Using Complex Dynamic Video to Examine Neural Processing in ASD: A Semi-Naturalistic fMRI Study

Thursday, May 11, 2017: 5:30 PM-7:00 PM
Golden Gate Ballroom (Marriott Marquis Hotel)
J. Douglas, L. Byrge, G. Lisandrelli and D. P. Kennedy, Psychological and Brain Sciences, Indiana University, Bloomington, IN
Background:  Traditional neuroimaging paradigms often do not fully reflect the richness and complexity of the natural world in which perceptual and cognitive processes are deployed. Recent interest in improving the ecological validity of neuroimaging research has prompted the creation of alternative naturalistic paradigms and stimuli. The use of multimodal, free-flowing stimuli with varying content can allow researchers to probe multiple constructs of interest, and interactions among them, concurrently. Naturalistic or semi-naturalistic approaches can prove especially beneficial to research on autism spectrum disorder (ASD), as these approaches most closely approximate the conditions under which impairments associated with the disorder manifest.

Objectives:  To explore the use of unconstrained dynamic video stimuli within a free-viewing fMRI paradigm to examine neural responses to multiple perceptual and cognitive processes concurrently, and to extend this approach to the study of ASD.

Methods:  53 participants (24 individuals with ASD and 29 neurotypical individuals) passively viewed videos (each lasting approximately fifteen minutes) over four runs while lying in an fMRI scanner. The videos were composed of movie trailers spanning multiple genres. Using ELAN and MATLAB, we defined several events of interest, including instances of humans or human faces appearing onscreen, human speech, social interaction between two or more people, low-level changes in luminance, and inter-trailer intervals during which a stimulus was not presented. We conducted separate regression analyses using FSL with each such event type as a regressor in the model. Our primary analyses assessed both the neural specificity for each event type and the reliability of the response estimates obtained for each event type across the four functional runs. We also conducted group-level analyses for each of the event types, thereby quantifying similarities and differences between neurotypical individuals and individuals with ASD.

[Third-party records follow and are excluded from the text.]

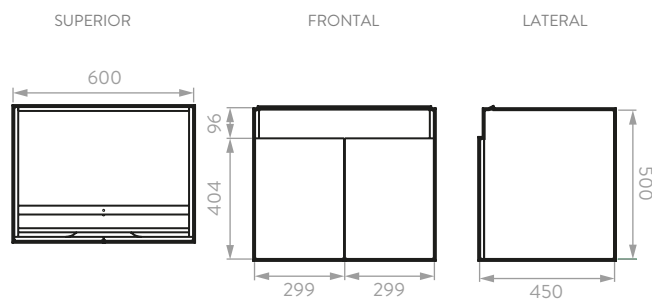

PONTUS VITAL 60

Mueble Pontus Vital 60 cm.

Lavamanos de mesón integrado en porcelana sanitaria

Ref. 9561-CO-1

Línea de Muebles Pontus Vital diseño compacto que se adapta a la gran mayoría de espacios disponibles.

- Diseño de apertura cómodo.
- Máxima capacidad de almacenamiento.
- Lavamanos 100% en porcelana con superficie amplia de apoyo.
- Resistente a la humedad.

COLOR:

Incluye:

9839-CO-1 Mueble Pontus Vital 60
9302-02-1 Lavamanos Pontus 60 cm
MX013001011 Grifería Monomando Bajo Tunez

INFORMACIÓN TÉCNICA

Material	Madera aglomerada: Tablero aglomerado de 15mm.
Textura	Coñac: Poro. Taupé: Mate.
Canto	PVC rígido 19 mm de calibre.
Dimensiones Generales (H*W*P)	19,69" x 23,62" x 17,72" (500,0 x 600 x 450 mm).
Resistencia al rayado	700 ciclos.
Peso Neto Aproximado	24,0 lb (10,9 kg).
Peso Bruto Aproximado	25,6 lb (11,6 kg).

PLANOS TÉCNICOS

Unidades: mm.

Estas dimensiones son nominales y están sujetas a cambios sin previo aviso.

COMPATIBILIDAD CON ELEMENTOS CORONA

LÍNEA DE ATENCIÓN **01 800 705 1020**

Si usted desea ver nuestra línea completa de productos por favor ingrese a: www.coronamexico.com
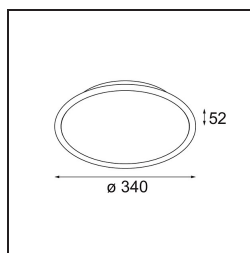

Date
Customer
Project
Type

Kompas Round Surface 340 100W Casambi DI 350mA Black Structure

Specifications

Material	13571432
Lámpara Incluida	No
Número de fuentes de luz	0
Voltaje de entrada	230V
Clasificación eléctrica	I
Clasificación del IP	20
Clasificación de hilo incandescente (°C)	960
Protocolo de regulación	Casambi
Interior/Exterior	Interior
Aplicación	Techo, Pared
Montaje	Superficie
Ajustabilidad	Not Applicable
Color principal & Acabado principal	Negro, Estructura
Peso bruto (g)	3105,0
Remark	<ul style="list-style-type: none"> • Módulos de iluminación no incluidos • No es un producto completo. Se requiere módulo de luz.
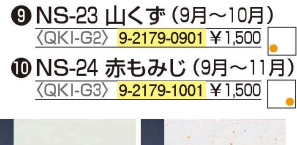

1 NS-15 万りょう (12月~1月)  
 <QKI-F4> 9-2179-0101 ¥1,500

3 NS-17 野ぼけ (3月~4月)  
 <QKI-F6> 9-2179-0301 ¥1,500

2 NS-16 すみれ (2月~4月)  
 <QKI-F5> 9-2179-0201 ¥1,500

4 NS-18 桜 (2月~4月)  
 <QKI-F7> 9-2179-0401 ¥1,500

6 NS-20 あやめ (5月~6月)  
 <QKI-F9> 9-2179-0601 ¥1,500

8 NS-22 びわ (7月~8月)  
 <QKI-G1> 9-2179-0801 ¥1,500

9 NS-23 山くず (9月~10月)  
 <QKI-G2> 9-2179-0901 ¥1,500

11 NS-25 山ぶどう (6月~11月)  
 <QKI-G4> 9-2179-1101 ¥1,500
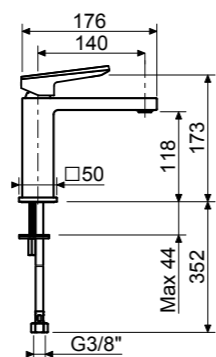

CODE
HYPO053-CR
HYPO053-CS
HYPO053-OB
HYPO053-NO
HYPO053-BO
HYPO053-OS
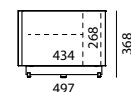

LO1100 Rack 110
Elemento con ribalta rivestita in vetro
2 scomparti, 2 ripiani

1.800 €
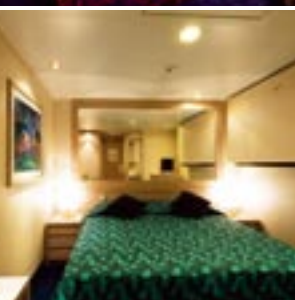

Technische Daten

BRZ	92.409 Tonnen
Länge	293,8 m
Breite	32,2 m
Passagiere	2.550 (bei 2-Bett-Belegung)
Kabinen-Anzahl	1.275
Besatzung	987 Crewmitglieder
Geschwindigkeit	23 Knoten
Stromspannung	110/220 Volt (Energie-Spar-System)
Stabilisatoren	Ja
Passagierdecks	13
Aufzüge	13
Swimmingpools	2 für Erwachsene, 1 Planschbecken / 4 Jacuzzi
Bordwährung	Euro (im Mittelmeer)

Öffentliche Bereiche

Shuffleboard, Deckspiele, Minigolf, Golf Simulator, Tennisplatz, Jogging-Pfad, Fitness-Center, Yoga, Solarium, Kinderclub, Teens Club, Videospiele, Schönheits-Center, 2 Saunen, 2 Dampfbäder, Hydrotherapie, Aromatherapie, Chromtherapie, Bars, Restaurants, Sushi Bar, Internetcafé, Vinothek, Diskothek, Theater, Kino, Kasino, Bibliothek, Lese- und Kartenraum, Kunst-Galerie, Rauchersalon, Foto-Galerie, Einkaufs-Arkaden. Medizinisches Zentrum. Duty-Free-Shops.

Kabinenkategorien

Suite mit Balkon

18 Suiten mit privatem Balkon (25 m²)
Klimaanlage (optimierte Innenluft-Qualität)
Französisches Bett (nicht umgewandelbar)
Begehbarer Kleiderschrank
Bad mit Badewanne
Fernsehen, Telefon
Internetzugang mit eigenem Computer gegen Gebühr möglich
Minibar
Safe

Außenkabine

809 Kabinen mit Balkon: (15,3 m²) Standard Kabine, (17,8 m²) Superior Kabine, 3 davon behindertengerecht eingerichtet (28 m²) - 173 Kabinen ohne Balkon (17 m²) 2 davon behindertengerecht eingerichtet (18,7 m²)
2 Einzelbetten zum Doppelbett umwandelbar (auf Anfrage), außer in behindertengerechten Kabinen
Klimaanlage (optimierte Innenluft-Qualität)
Bad mit Dusche
Fernsehen, Telefon
Internetzugang mit eigenem Computer gegen Gebühr möglich
Minibar
Safe

Hinweis: Einige Kabinen auf dem Forte Deck sind teilweise sichtbehindert.

Innenkabine

Results:  Each event type produced a largely distinct pattern of activity in the canonical neural networks that have been identified in previous research using more conventional paradigms. Activation patterns showed a high degree of reliability across the four functional runs, suggesting that individuals reliably engaged in event-level processing that was independent of the idiosyncratic aspects of the videos. Finally, while we observed some small differences in the responses from participants with and without ASD, the groups displayed remarkable similarity overall across the different event types.

Conclusions:  Our findings support the feasibility and efficiency of using complex, dynamic stimuli in neuroimaging studies of ASD. The video stimuli elicited robust activation in the brain regions purported to process the classes of events examined. Additionally, our approach allowed for simultaneous exploration of a number of event types and associated neural networks within a single experiment. The similar response profiles among participants with and without ASD suggest that the ability to spontaneously process specific inputs is largely preserved in ASD and that more pronounced differences might be revealed in paradigms with a social interaction component.